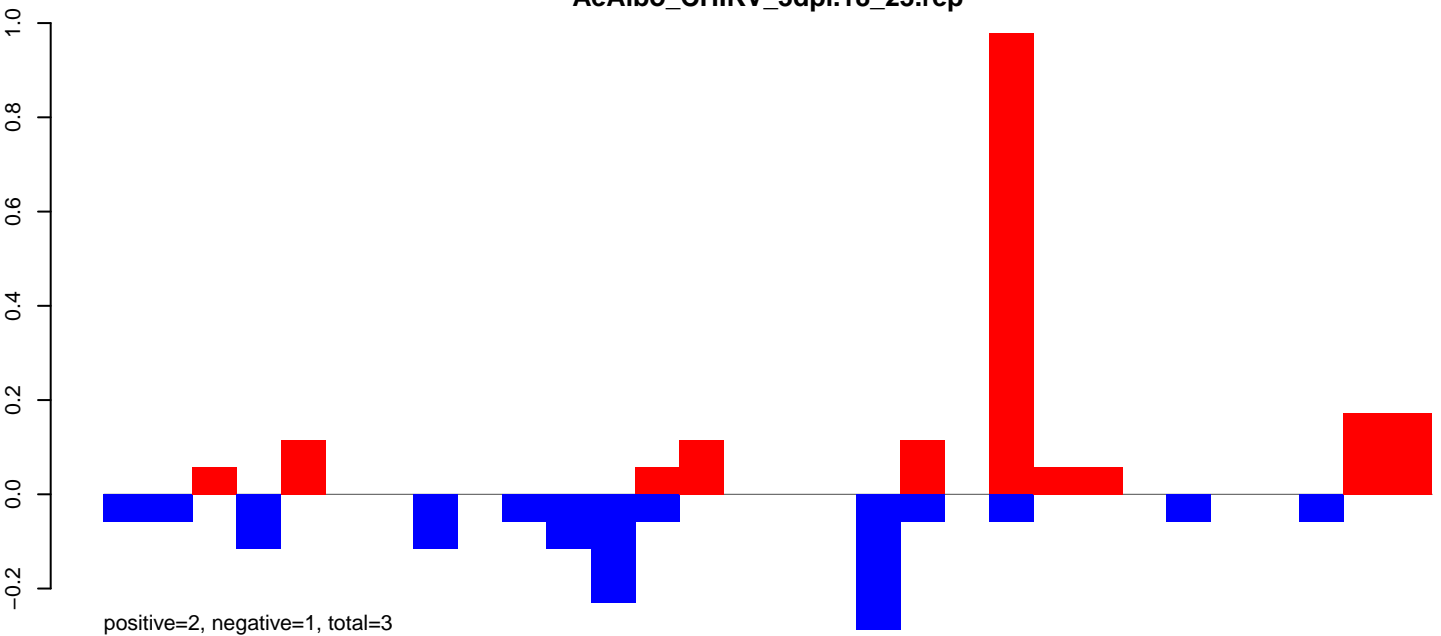

AeAlbo_CHIKV_3dpi.18_23.rep
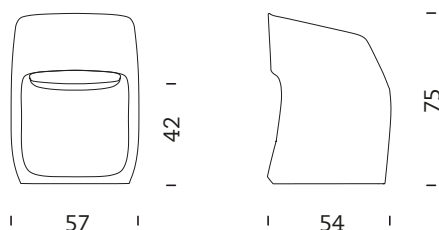

OM basic

by Martín Azúa

Fitxa tècnica (1/2)

m114

Mobles 114
Pau Claris 99 / esc 2 1r 2a
08009 Barcelona
Tel. 34 / 932 600 114
mobles114@mobles114.com
www.mobles114.com

DESCRIPCIÓ GENERAL

Butaca de polietilè per a ús interior i exterior. Indicada per a equipaments d'espais de recepció i espera, restauració, sales de reunions, cafeteria exterior i per a la llar.

DIMENSIONS

MODELS

Om basic

Om textil (adjunt en la fitxa tècnica Om tèxtil)

MATERIALS I ACABATS

Tamboret 100% de polietilè tipus ICORENE 3590 de densitat mitja, fabricat amb la tècnica del rotomoldeig. S'estandaritza en sis acabats:

Fitxa tècnica (2/2)

m114

Mobles 114
Pau Claris 99 / esc 2 1r 2a
08009 Barcelona
Tel. 34 / 932 600 114
mobles114@mobles114.com
www.mobles114.com

EMBALATGE, PES I VOLUM

Pes: 11 kg

Dimensions: 56x58x79 cm

Volum: 0.25 m³
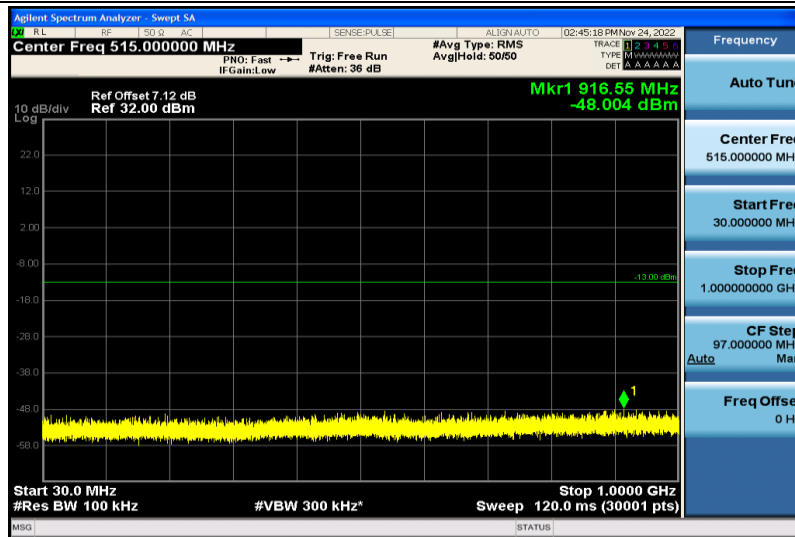

Band2-1.4MHz-16QAM-18900-1RB#0-1000~26000MHz

Band2-1.4MHz-16QAM-19193-1RB#0-30~1000MHz

Band2-1.4MHz-16QAM-19193-1RB#0-1000~26000MHz

Band2-3MHz-QPSK-18615-1RB#0-30~1000MHz

Band2-3MHz-QPSK-18615-1RB#0-1000~26000MHz

• Activity: A word-for-word restatement of all the lines above is needed, with the pictures omitted.

• Exercise result:
AeAlbo_CHIKV_3dpi.18_23.rep

OM basic

by Martín Azúa

Fitxa tècnica (1/2)

m114

Mobles 114
Pau Claris 99 / esc 2 1r 2a
08009 Barcelona
Tel. 34 / 932 600 114
mobles114@mobles114.com
www.mobles114.com

DESCRIPCIÓ GENERAL

Butaca de polietilè per a ús interior i exterior. Indicada per a equipaments d'espais de recepció i espera, restauració, sales de reunions, cafeteria exterior i per a la llar.

DIMENSIONS

MODELS

Om basic

Om textil (adjunt en la fitxa tècnica Om tèxtil)

MATERIALS I ACABATS

Tamboret 100% de polietilè tipus ICORENE 3590 de densitat mitja, fabricat amb la tècnica del rotomoldeig. S'estandaritza en sis acabats:

Fitxa tècnica (2/2)

m114

Mobles 114
Pau Claris 99 / esc 2 1r 2a
08009 Barcelona
Tel. 34 / 932 600 114
mobles114@mobles114.com
www.mobles114.com

EMBALATGE, PES I VOLUM

Pes: 11 kg

Dimensions: 56x58x79 cm

Volum: 0.25 m³

Band2-1.4MHz-16QAM-18900-1RB#0-1000~26000MHz

Band2-1.4MHz-16QAM-19193-1RB#0-30~1000MHz

Band2-1.4MHz-16QAM-19193-1RB#0-1000~26000MHz

Band2-3MHz-QPSK-18615-1RB#0-30~1000MHz

Band2-3MHz-QPSK-18615-1RB#0-1000~26000MHz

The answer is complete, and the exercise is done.